管理者監事が選任されているか(⇒ 管理者はマンション管理の最高責任者です)。
総会を年1回以上開催しているか(⇒ マンションでは、重要な事項は区分所有者全員が参加する総会で決めます)。
□過去5年分の総会議事録が保管されているか(⇒ マンションの管理や管理組合運営の継続性を維持するために、情報をきちんと生成・保管することが重要です)。
管理規約(以下「規約」)の原本あるいは現に有効な規約があるか(⇒ 規約はマンション内の憲法とも言われています)。
□規約に国の管理計画認定基準として掲げられている項目(専有部分への立ち入り、修繕等の履歴情報の管理、管理組合の財務・管理に関する情報の書面の交付)が規定されているか。
□規約は新しい標準管理規約に準じて主要な改正項目が規定されているか(⇒ 必要な項目は、①暴力団等の排除規定 ②専有部分の設備のうち共用部分と構造上一体となった部分の管理を管理組合が行うことができる定め ③災害時の管理組合の意思決定 ④区分所有者による開口部等の改良工事の実施 ⑤修繕積立金の区分経理 ⑥役員の欠格条件と利益相反取引の禁止規定 ⑦監事の権限 ⑧管理費等の滞納に対する措置 です)。

2.建物・設備
 第二の項目は「建物・設備」です。安心した暮らしを送ることができるか、法律で決められた検査や点検が実施され、長期にわたって建物を維持する体制が整っているかに関する項目です。
□特定建築物定期調査、 建築設備定期検査、昇降機(エレベーター)定期検査、専用水道定期水質検査、簡易専用水道管理状況検査、貯水槽の清掃、浄化槽の保守点検・清掃・定期検査、消防用設備等点検、自家用電気工作物定期点検の実施状況及び報告書の保管があるか。
□長期修繕計画が作成されているか(⇒ 計画的に修繕を進めるために必要なものです)。
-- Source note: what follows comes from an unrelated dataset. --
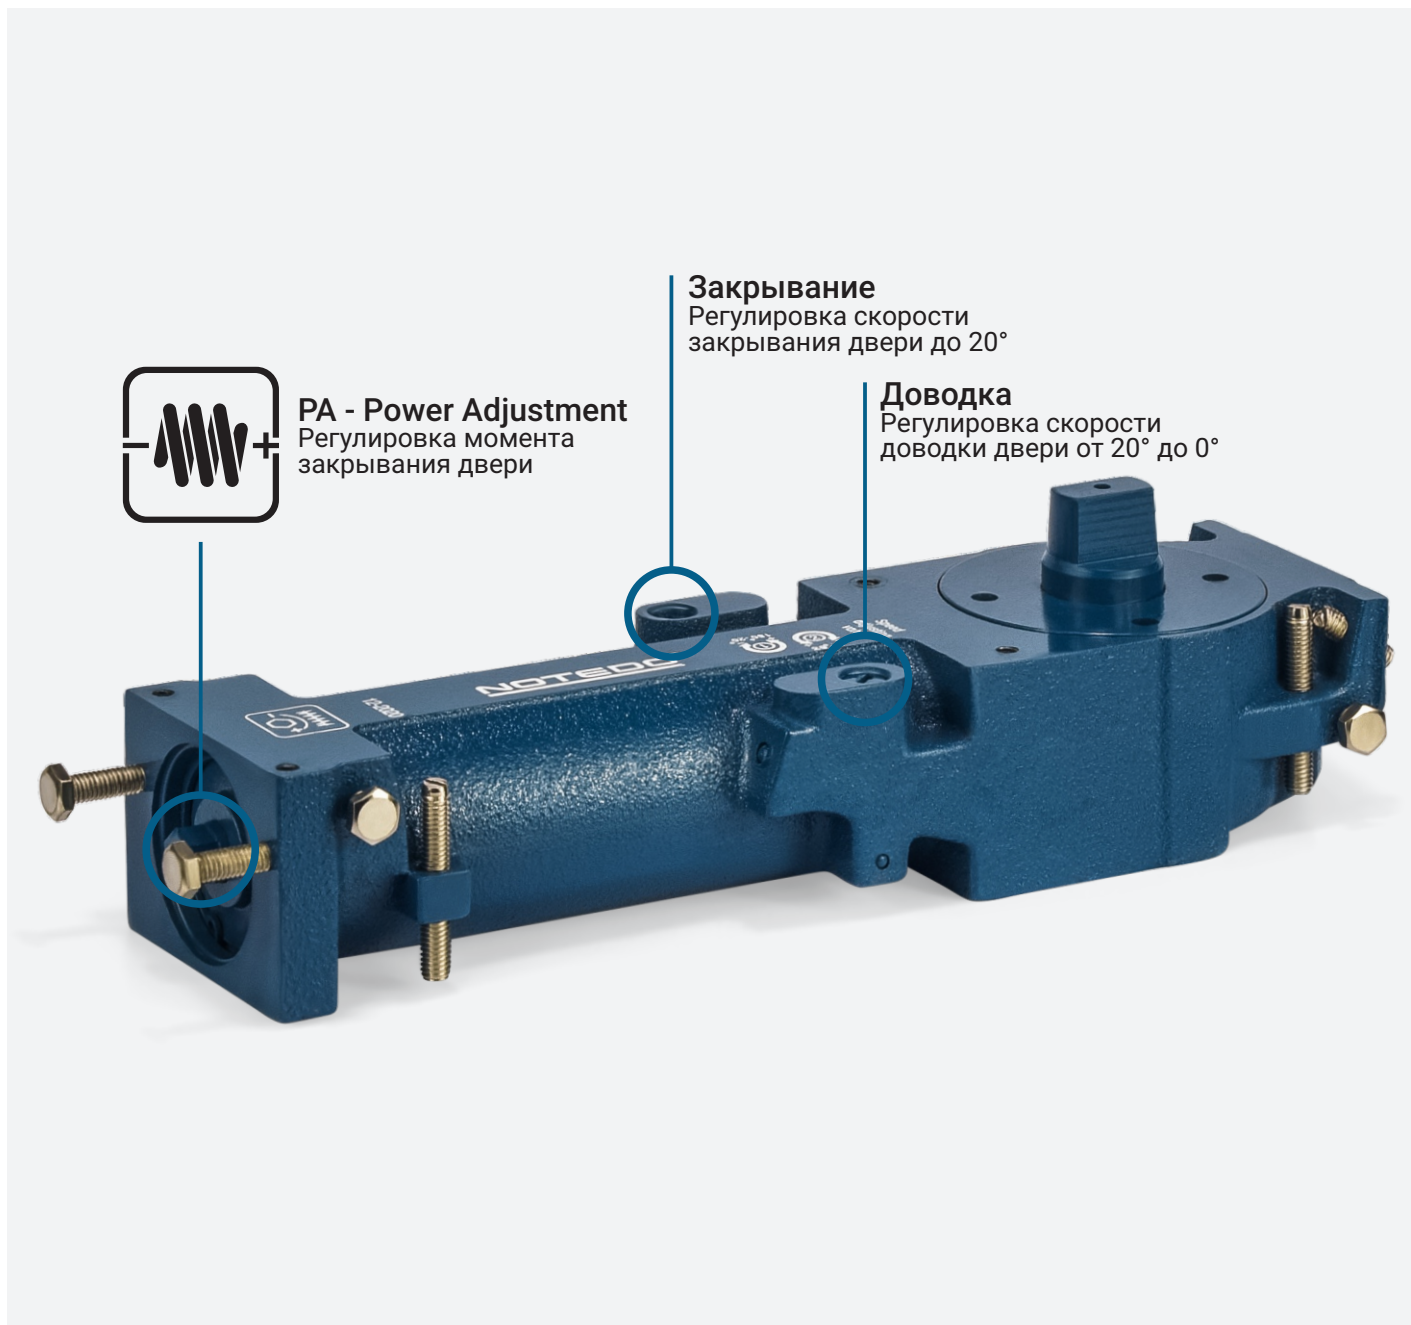

Регулировка напольного доводчика

Регулировка скоростей закрывания и доводки, функции Power Adjustment на примере напольного доводчика FS-750 PA и FS-750 PA+HO

□修繕履歴情報(直近5年間)があり、共用部分の工事に関する図面等が保管されているか(⇒ 長期にわたって維持管理するには、過去の修繕履歴等の情報が必要です)。

3.管理組合の収支
 第三の項目は「管理組合の収支」です。健全な会計の状態であるかに関する項目です。
□管理費会計と修繕積立金会計の区分経理がされているか。
□修繕積立金会計から他の会計(管理費会計等)への充当がされていないか(⇒ 修繕の費用が足りなくならないように、管理費と区分して積み立てておくことが必要です)。
□修繕積立金は、計画期間の推定工事費よりも積立金累計額の方が多いか。そして管理組合の年度収入額が長期修繕計画上の年度収入どおりに徴収されているか。
□管理費の滞納住戸数は3%以内か。滞納期間は6か月未満か。3か月以上の滞納率は10%以内か。
□修繕積立金の3か月以上の滞納率は10%以内か(⇒ 管理費・修繕積立金の長期の滞納者をなくす速やかな対応が必要です)。
□修繕積立金の額が著しく低額でないか(⇒ 必要な資金がないと修繕は実施できません)。